Ad-Hoc Polls
For teachersWhen You Need a Quick Read
Sometimes you need to gauge the room and you do not have a pre-built question ready. Maybe a student asks a great question and you want to see if others share the same confusion. Maybe you want a quick show of hands on whether to spend more time on a topic. Ad-hoc polls let you launch a poll instantly without leaving your presentation.
Available Ad-Hoc Poll Types
Quizzibility offers four quick-launch poll formats:
- Yes / No — The simplest possible poll. "Should we go over this example again?" "Did the reading make sense?" One tap to answer.
- A / B / C / D — A multi-option poll without custom labels. Use it when you write options on the whiteboard or describe them verbally. Students just pick a letter.
- Rate 1–5 — A quick sentiment or confidence check. "How confident are you about recursion, 1 to 5?" Gives you a distribution, not just a binary.
- Open Response — Students type a short text answer. Good for collecting questions, ideas, or one-word summaries. Responses can be displayed as a live feed or word cloud.

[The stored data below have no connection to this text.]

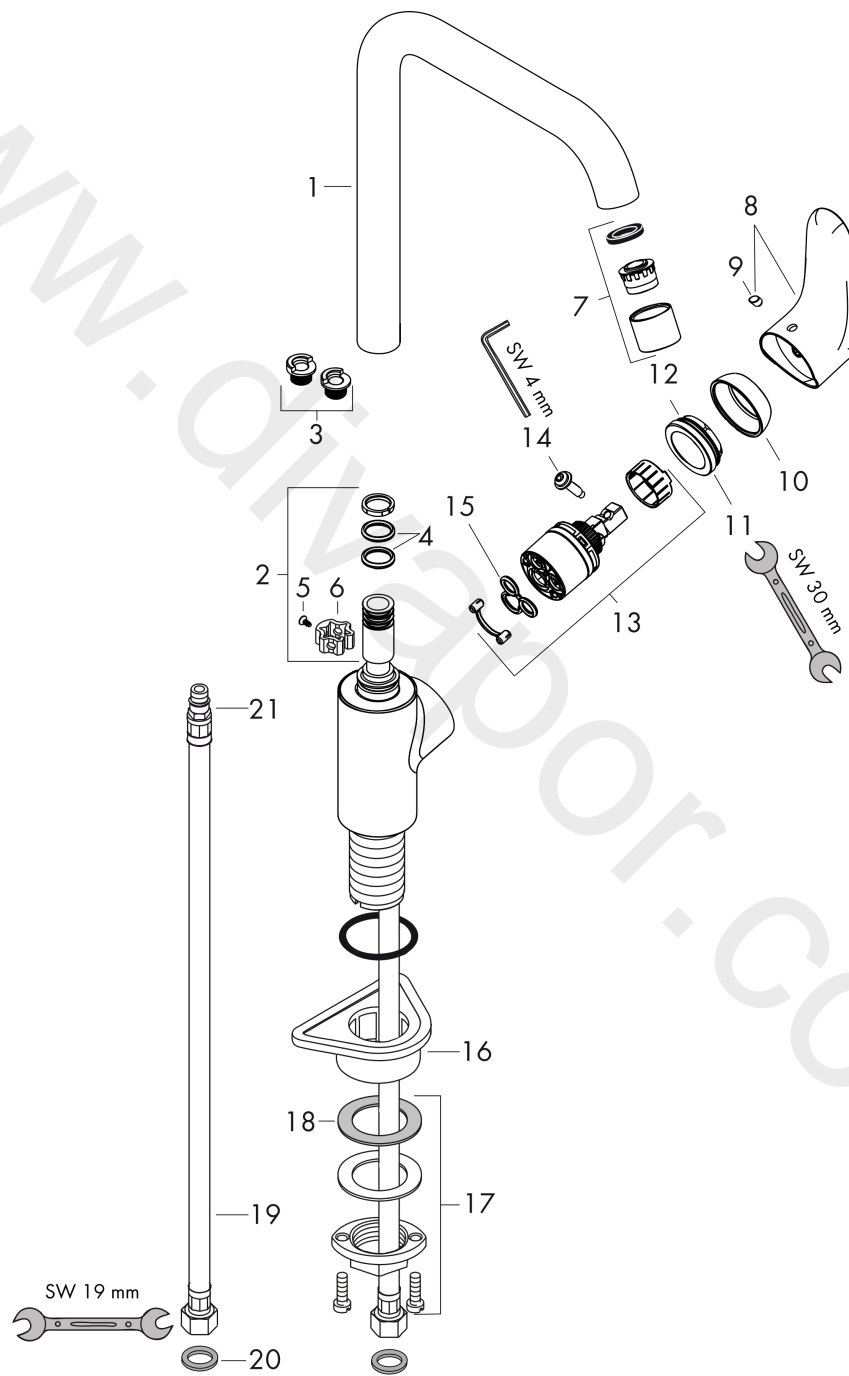

#### product features

- ComfortZone 260
- swivel range adjustable in 3 steps 110°, 150° or 360°
- normal spray
- connection dimension: DN15
- maximum flow rate at 3 bar: 12 l/min
- ceramic cartridge
- connection type: G 3/8 connections
- temperature limitation adjustable
- suitable for continuous flow water heaters

### Scale drawing

### Flowchart

**Focus M41**

**Single lever kitchen mixer 260, 1jet, DZR**

Finish: **Matt Black** Article Number: **31834670**

**Exploded Drawing**

Year of production: >10/20

**Focus M41****Single lever kitchen mixer 260, 1jet, DZR**Finish: **Matt Black** Article Number: **31834670****Spare part list**

Year of production: &gt;10/20

Pos.	Description	Article Number	Price	PU
1	spout cpl.	95822670	£ 260,00	1
2	sealing set	92646000	£ 20,50	1
3	set of locating rings (110° / 150°)	98486000	£ 16,10	1
4	O-Ring 14x2,5	98189000	£ 3,30	1
5	screw	97662000	£ 9,00	1
6	axialring	97558000	£ 3,30	1
7	aerator M22x1 (15 l/min)	95824670	£ 33,00	1
8	handle	98532670	£ 51,00	1
9	screw cover	96338000	£ 3,30	1
10	flange	95498670	£ 13,50	1
11	nut	97209000	£ 16,10	1
12	O-Ring 32x2	98193000	£ 3,30	1
13	cartridge, assy	92730000	£ 35,00	1
14	locking screw for handle	95140000	£ 6,10	1
15	seal	95008000	£ 9,00	1
16	support	97523000	£ 6,10	1
17	flat seal	98749000	£ 6,10	1
18	fixing set (Ø 34)	95049000	£ 16,10	1
19	lever collar	97548000	£ 3,30	1
20	connection hose 900 mm M8x0,75 G3/8	98758000	£ 35,00	1
21	O-ring 7x1,5	98422000	£ 3,30	1
a	Grease	90920000	£ 16,10	1

Device-Only vs Projected Modes
Ad-hoc polls have two display modes:
Projected mode shows the poll question and live results on your presenter screen. Use this when the poll is part of the class discussion and you want everyone to see the outcome.
Device-only mode keeps the poll private — it appears only on student devices and your instructor dashboard. Use this when you want honest responses without the social pressure of a public display (e.g., "Rate your understanding of this topic" or "Do you have questions you're afraid to ask out loud?").
Saving Polls to Your Deck
After running an ad-hoc poll, Quizzibility offers to save it to your current deck as a permanent question. This is useful when a spontaneous question turns out to be a great teaching tool — save it so you can reuse it next semester. Saved polls become regular questions in your question bank, editable and reusable like any other question.
Tips for Effective Ad-Hoc Polls
Keep them short and clear. An ad-hoc poll should take students less than 10 seconds to understand and answer. If you need a complex question with detailed options, build it in the question bank ahead of time. Ad-hoc polls are best for quick, informal reads on how the class is feeling or thinking.